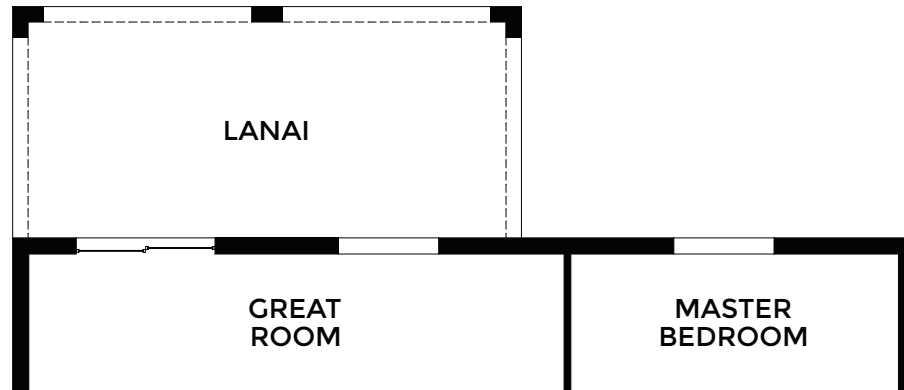

MARONDA
Homes

MAGNOLIA

Elevation G

The Essential Series

MARONDA
Homes

MAGNOLIA
Elevation G
The Essential Series

- 4 Bedrooms
- 2 Bathrooms
- 2 Car Garage
- 1,737 Finished Sq. Ft.

OPTIONAL
LANAI
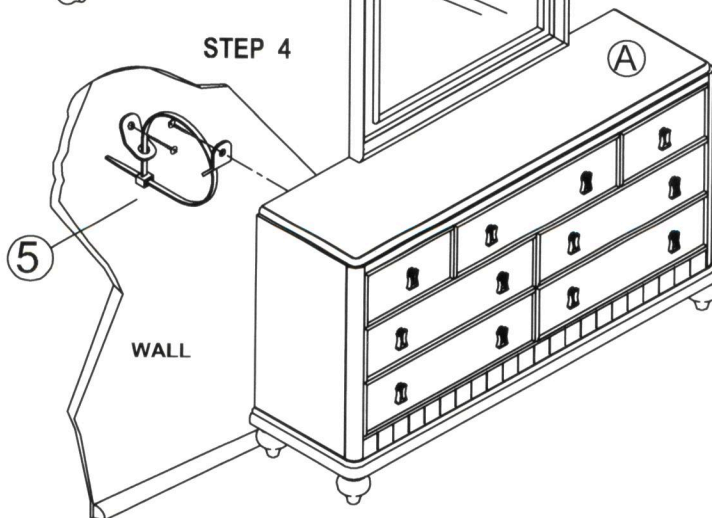

ASSEMBLY INSTRUCTION

32189703 8970 DRESSER
32289705 8970 MIRROR

Thank you for purchasing this quality product. Be sure to check all packing material carefully for small Hardware which may have come loose inside the carton during shipment. Identity and count all hardware and compare with the hardware list below.

PARTS LIST:

NO.	Description	Sketch	Quantity
A	Dresser		1PC
B	Foot		4PCS
C	Center legs		1PC
D	Mirror		1PC
E	Mirror Support		2PCS

HARDWARE LIST:

NO.	Description	Sketch	Quantity
1	Allen bolt 1/4 "X35mm		8PCS
2	Flat washer 1/4 "X19x1.5mm		8PCS
3	Spring washer 1/4 "		8PCS
4	Allen key 4mm.		1PC
5	Anti tipping kits		1SET

STEP 1

STEP 2

STEP 4

STEP 3

MADE IN VIETNAM
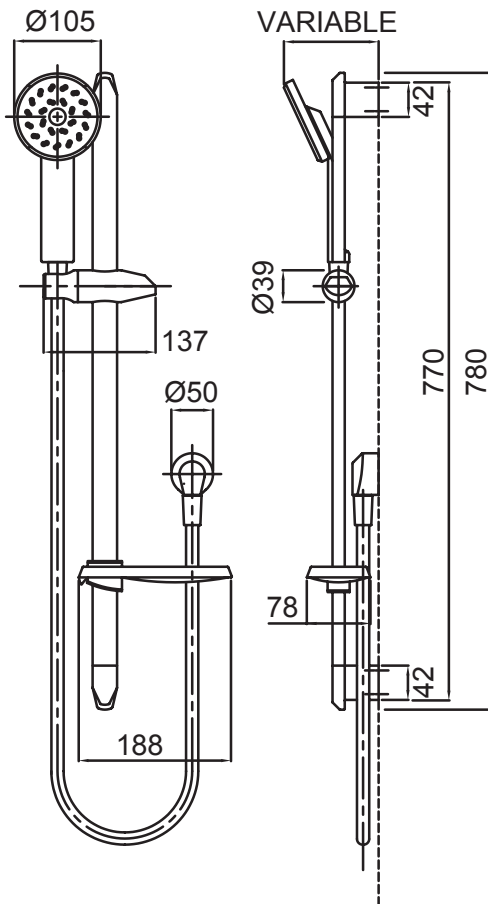

13-3208P
KIRI GRAPHITE SATINJET
RAIL SHOWER

Satinjet®

Twist Free
Hose

FINISH: Chrome/Graphite

FUNCTIONS: Satinjet®
MOUNTING METHOD: Twin solid mounting
SUPPLY: Mains Pressure
CONNECTIONS: 1/2" BSP Female
WORKING PRESSURES: 150 - 500 kpa
OPERATING TEMPERATURE: Recommended 50°C*

*Refer AS/NZS 3500

- Features the revolutionary Satinjet® spray design. Twin jets of water collide into thousands of tiny droplets to deliver voluminous shower coverage
- Single function handset featuring Satinjet® spray
- Easy-to-clean faceplate
- High quality 770mm elliptical rail with solid metal mounting points for extra durability
- Height adjustable, push button slider with reinforced metal handset holder
- Stylish chrome soap dish and Genesis brass wall elbow included
- Strong and durable, SatinLux hose

=-=-=

Everything from the first line of the listing above through the line that contains "32289705 8970 MIRROR" is to be restated word for word, minus the pictures.

## WRITTEN RESPONSE
MARONDA
Homes

MAGNOLIA

Elevation G

The Essential Series

MARONDA
Homes

MAGNOLIA
Elevation G
The Essential Series

- 4 Bedrooms
- 2 Bathrooms
- 2 Car Garage
- 1,737 Finished Sq. Ft.

OPTIONAL
LANAI

ASSEMBLY INSTRUCTION

32189703 8970 DRESSER
32289705 8970 MIRROR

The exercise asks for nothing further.